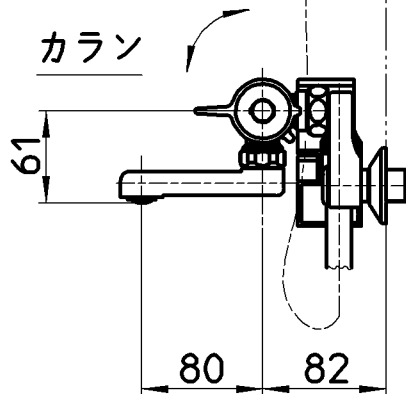

図番

ホース長さ1600

シャワ

備考	JIS 吐水口は回転式(角度制限なし)						
品名	サーモシャワー混合栓	尺度	承認	検図	製図	設計	第三角法
品番	SK18C-T5L08	1:5	中島	上村	野崎	尾関	SANEI 株式会社
			18・6・15	18・6・15	18・6・15	18・4・2	
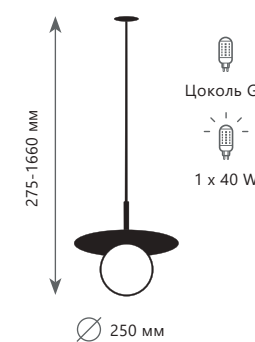

10120/250C Black

10120/250C Gold

Потолочный светильник

- 10120/250C BLACK ●
- 10120/250C GOLD ●

- металл | стекло
- черный | белый
- золото | белый

Подвесной светильник

- 10120/250P BLACK ●
- 10120/250P GOLD ●
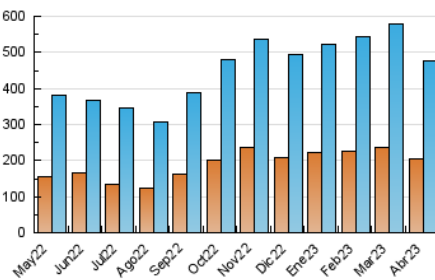

4.3 Por meses

N. únicos / Visitas (x 1000)

-.-.-

WHAT THE EXERCISE ASKS |
Without the pictures, repeat the listing word for word.

TASK SOLUTION |
図番

ホース長さ1600

シャワ

備考	JIS 吐水口は回転式(角度制限なし)						
品名	サーモシャワー混合栓	尺度	承認	検図	製図	設計	第三角法
品番	SK18C-T5L08	1:5	中島	上村	野崎	尾関	SANEI 株式会社
			18・6・15	18・6・15	18・6・15	18・4・2	

10120/250C Black

10120/250C Gold

Потолочный светильник

- 10120/250C BLACK ●
- 10120/250C GOLD ●

- металл | стекло
- черный | белый
- золото | белый

Подвесной светильник

- 10120/250P BLACK ●
- 10120/250P GOLD ●

4.3 Por meses

N. únicos / Visitas (x 1000)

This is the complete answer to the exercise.